ACTIVITY: Could you repeat every line below exactly, skipping the images?

SUPPLIED MATERIAL Block Start

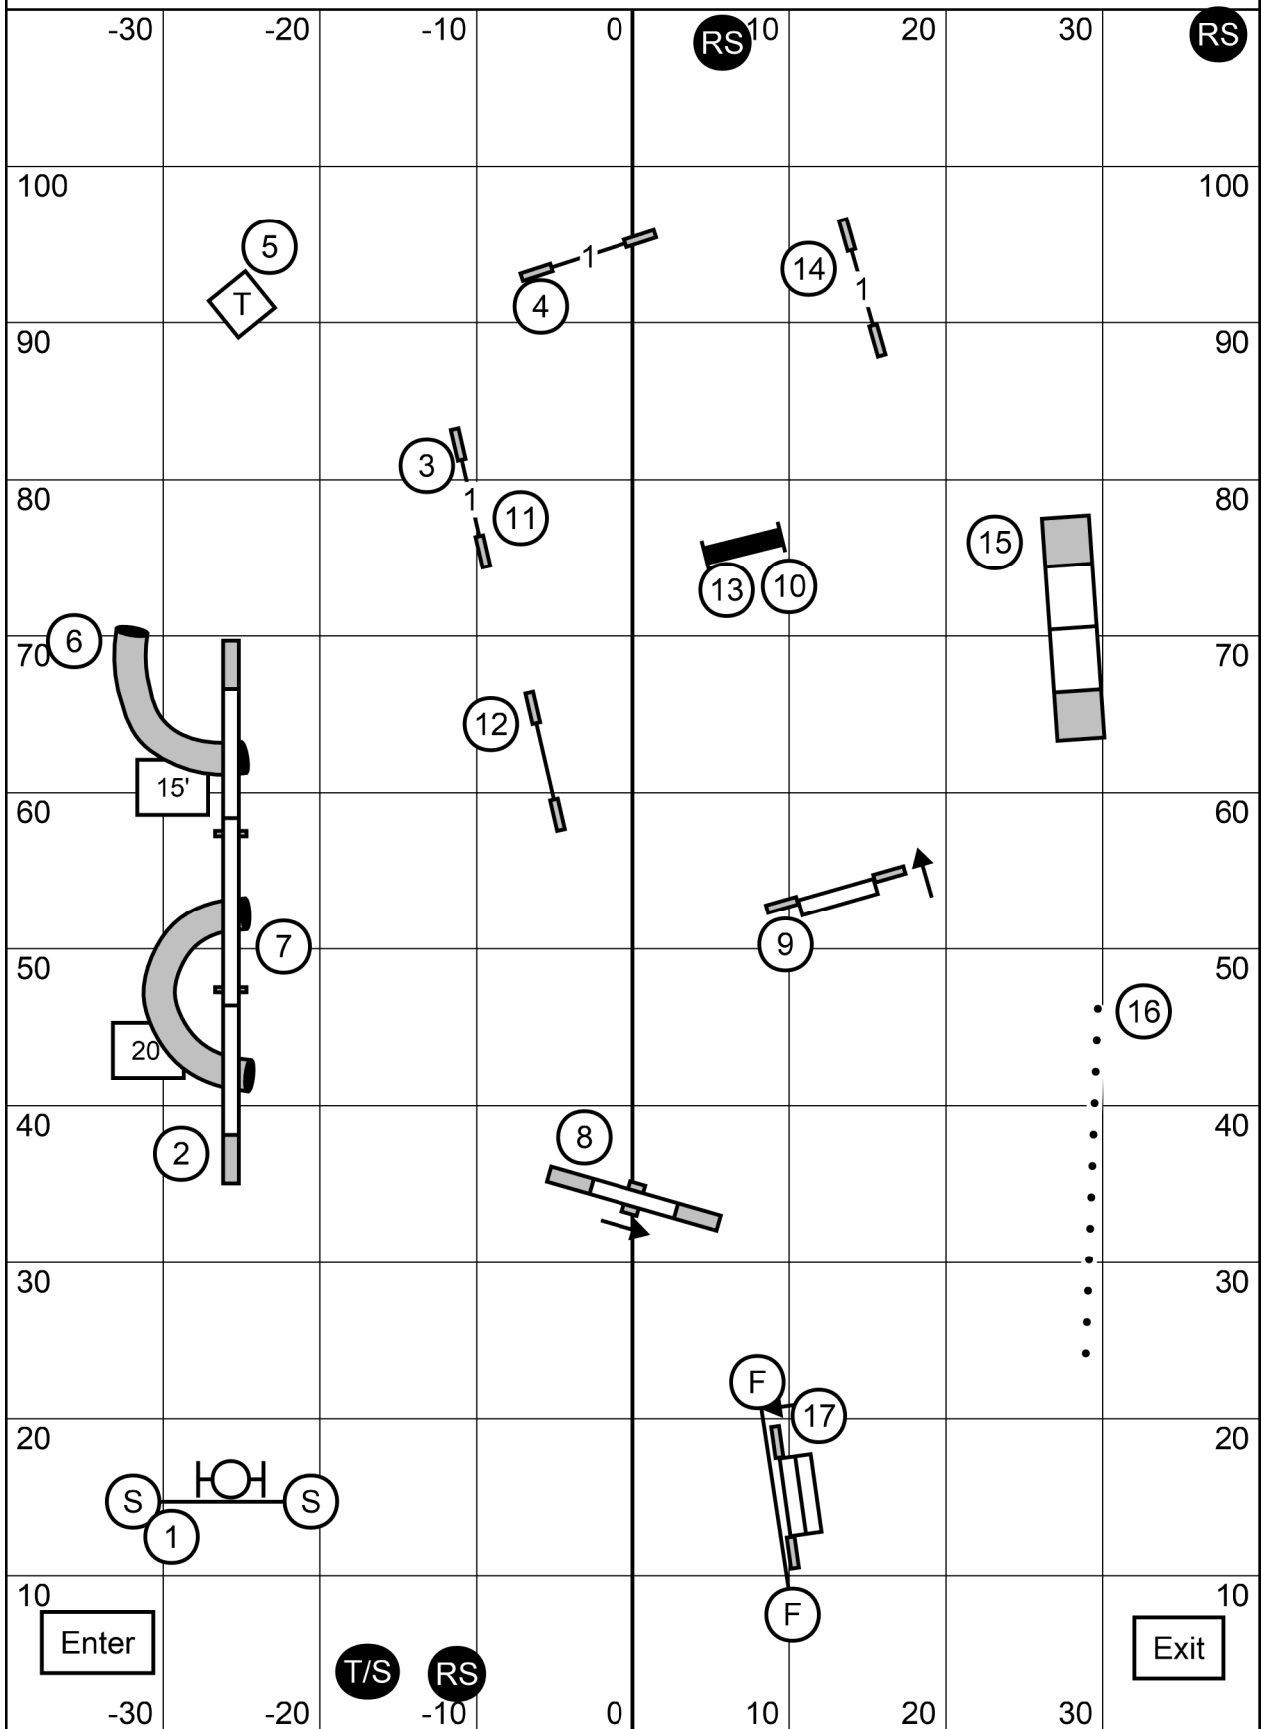

Indoors/Field Turf-80 X 110

Frederick, MD

Please enter when the dog prior to you is approaching leash.

NOVICE STANDARD

Judge: Laura A. English
Frederick Indoor Sports Center

Sunday
Weimaraner Club of Washington DC Area
Indoors/Field Turf-80 X 110
Frederick, MD
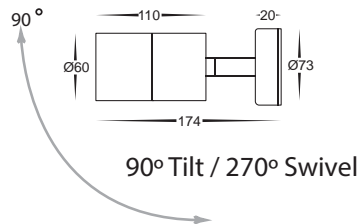

Stainless Steel Single Adjustable Spot Lights

- Single adjustable wall pillar light
- High grade 304 stainless steel body
- 90° Tilt & 270° Swivel
- 240v GU10 35w max
- IP Rating: IP54

IMAGE	PART NUMBER	COLOUR TEMP	OUTPUT	POWER	INCLUDED GLOBES
	HV1272C	Cool white, 6000k	300lm	240v LED 5w	5w LED globe
	HV1272W	Warm white, 3000k	250lm	240v LED 5w	5w LED globe

All globes supplied with fittings are non dimmable. If you require 240v dimmable globes refer to pages (169 - 178)

Stainless Steel Double Adjustable Spot Lights

- Double adjustable wall pillar light
- High grade 304 stainless steel body
- 90° Tilt & 270° Swivel
- 240v GU10 2x 35w max
- IP Rating: IP54

IMAGE	PART NUMBER	COLOUR TEMP	OUTPUT	POWER	INCLUDED GLOBES
	HV1372C	Cool white, 6000k	2 x 300lm	240v LED 10w	2 x 5w LED globe
	HV1372W	Warm white, 3000k	2 x 250lm	240v LED 10w	2 x 5w LED globe

All globes supplied with fittings are non dimmable. If you require 240v dimmable globes refer to pages (169 - 178)
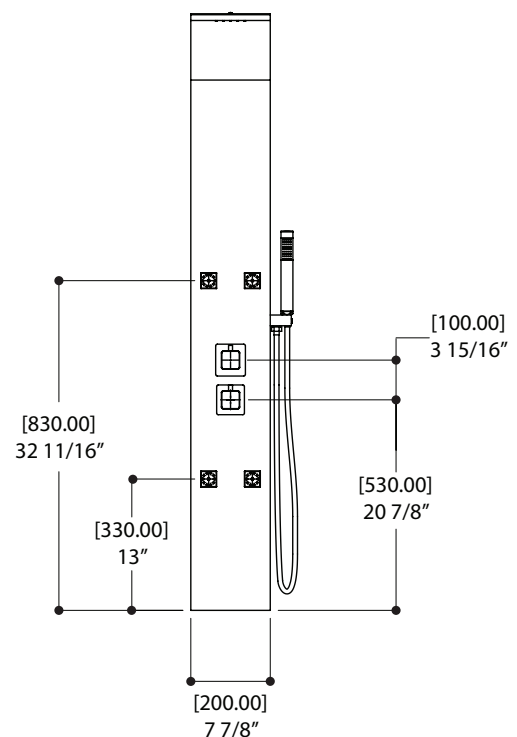

CODE & COMPLIANCE
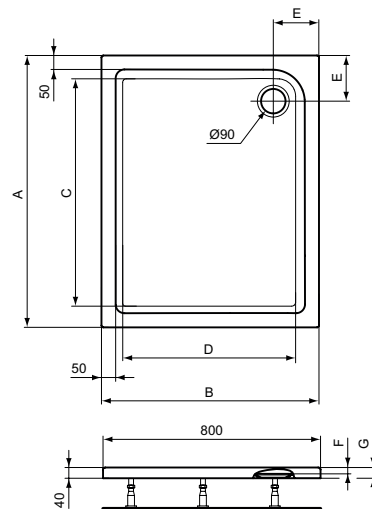

A	B	C	D	E	F	G
E1063	1500	900	1320	720	170	35	55
E1061	1400	900	1220	720	170	35	55
E1059	1200	900	1020	720	170	35	55
E1057	1200	800	955	620	170	35	55
E1053	1000	800	820	620	170	25	45
E0989	900	800	720	620	175	25	45
E1049	900	750	720	570	215	35	55

SUPPLIED MATERIAL Block End

EXPECTED OUTPUT:
Indoors/Field Turf-80 X 110

Frederick, MD

Please enter when the dog prior to you is approaching leash.

NOVICE STANDARD

Judge: Laura A. English
Frederick Indoor Sports Center

Sunday
Weimaraner Club of Washington DC Area
Indoors/Field Turf-80 X 110
Frederick, MD

Stainless Steel Single Adjustable Spot Lights

- Single adjustable wall pillar light
- High grade 304 stainless steel body
- 90° Tilt & 270° Swivel
- 240v GU10 35w max
- IP Rating: IP54

IMAGE	PART NUMBER	COLOUR TEMP	OUTPUT	POWER	INCLUDED GLOBES
	HV1272C	Cool white, 6000k	300lm	240v LED 5w	5w LED globe
	HV1272W	Warm white, 3000k	250lm	240v LED 5w	5w LED globe

All globes supplied with fittings are non dimmable. If you require 240v dimmable globes refer to pages (169 - 178)

Stainless Steel Double Adjustable Spot Lights

- Double adjustable wall pillar light
- High grade 304 stainless steel body
- 90° Tilt & 270° Swivel
- 240v GU10 2x 35w max
- IP Rating: IP54

IMAGE	PART NUMBER	COLOUR TEMP	OUTPUT	POWER	INCLUDED GLOBES
	HV1372C	Cool white, 6000k	2 x 300lm	240v LED 10w	2 x 5w LED globe
	HV1372W	Warm white, 3000k	2 x 250lm	240v LED 10w	2 x 5w LED globe

All globes supplied with fittings are non dimmable. If you require 240v dimmable globes refer to pages (169 - 178)

CODE & COMPLIANCE

A	B	C	D	E	F	G
E1063	1500	900	1320	720	170	35	55
E1061	1400	900	1220	720	170	35	55
E1059	1200	900	1020	720	170	35	55
E1057	1200	800	955	620	170	35	55
E1053	1000	800	820	620	170	25	45
E0989	900	800	720	620	175	25	45
E1049	900	750	720	570	215	35	55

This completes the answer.